— Directions —
The answer must be one number: the count of lines in the data below that include "RUBBER".

(Stored data entries)
[Start of section]

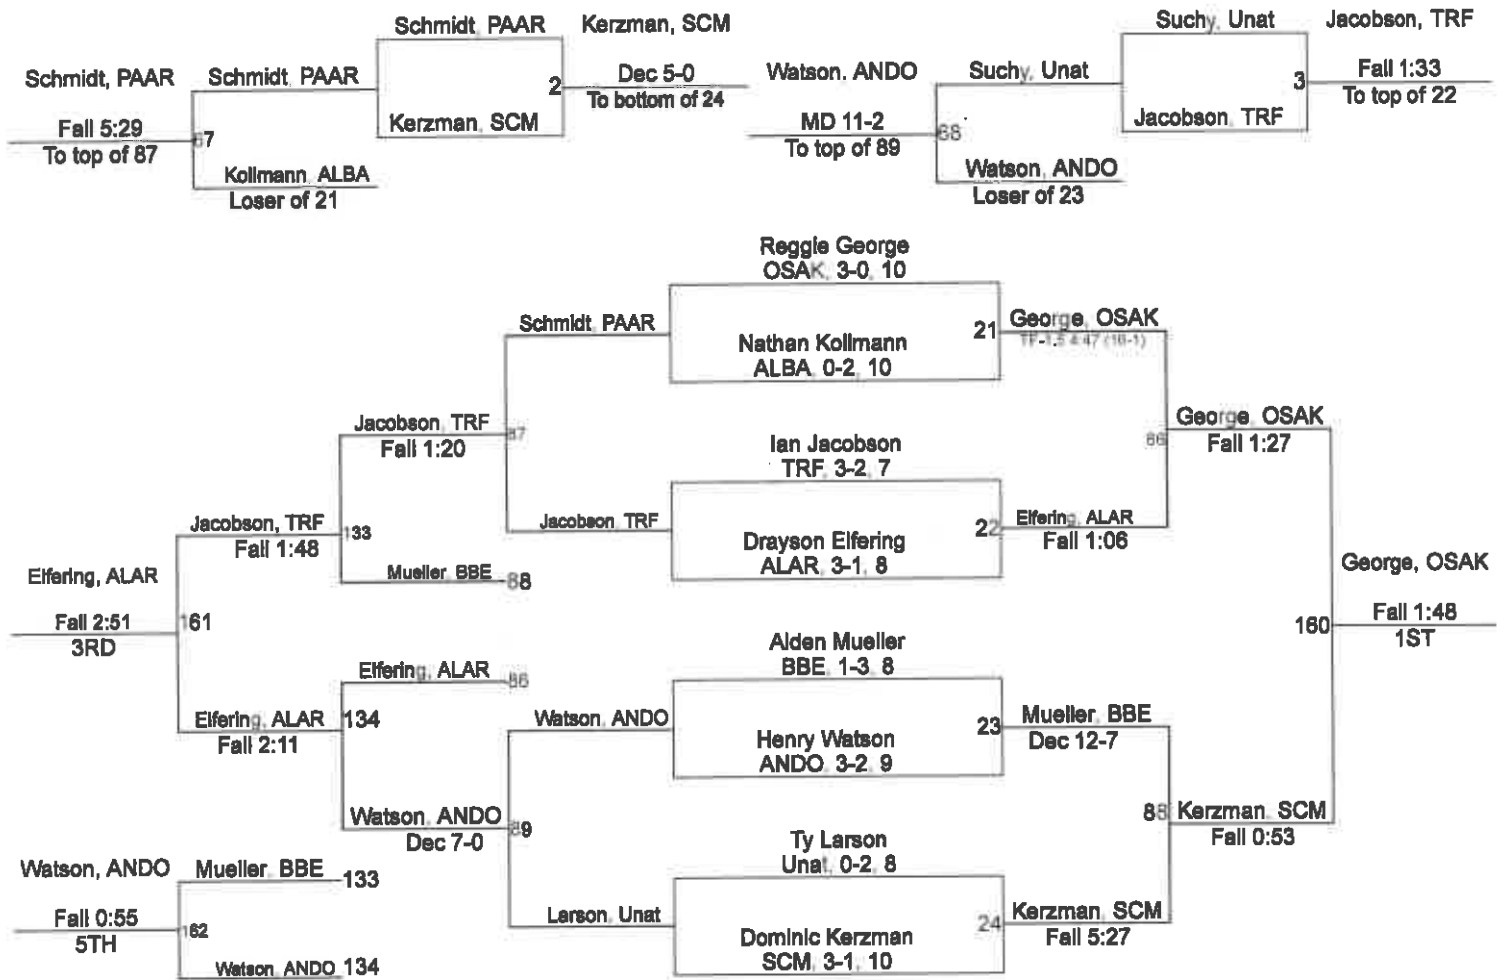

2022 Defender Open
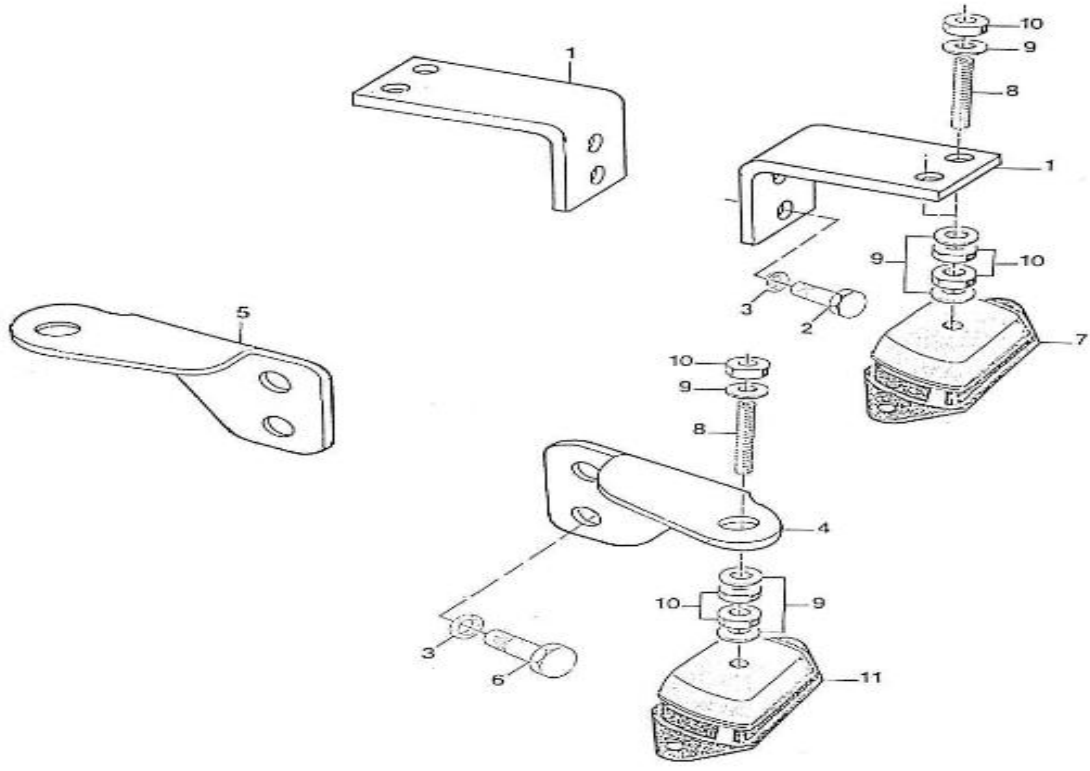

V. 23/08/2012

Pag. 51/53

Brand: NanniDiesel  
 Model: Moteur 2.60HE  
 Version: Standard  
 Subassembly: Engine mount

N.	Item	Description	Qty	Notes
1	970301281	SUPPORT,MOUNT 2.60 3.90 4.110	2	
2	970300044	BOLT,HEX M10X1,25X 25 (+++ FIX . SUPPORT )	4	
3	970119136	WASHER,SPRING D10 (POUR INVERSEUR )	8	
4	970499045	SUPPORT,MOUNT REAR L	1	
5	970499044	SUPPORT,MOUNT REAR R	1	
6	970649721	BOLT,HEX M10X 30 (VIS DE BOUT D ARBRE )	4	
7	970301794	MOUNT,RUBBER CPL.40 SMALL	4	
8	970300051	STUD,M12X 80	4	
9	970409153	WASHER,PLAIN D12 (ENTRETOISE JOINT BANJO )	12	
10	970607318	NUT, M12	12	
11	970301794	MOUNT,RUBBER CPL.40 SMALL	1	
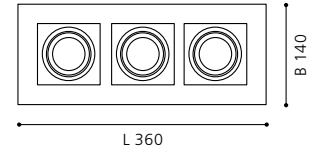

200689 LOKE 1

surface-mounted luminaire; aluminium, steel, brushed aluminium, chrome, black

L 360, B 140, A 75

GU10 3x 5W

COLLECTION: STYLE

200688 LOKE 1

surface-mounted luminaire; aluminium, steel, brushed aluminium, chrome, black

[End of section]

— Result of this exercise —
2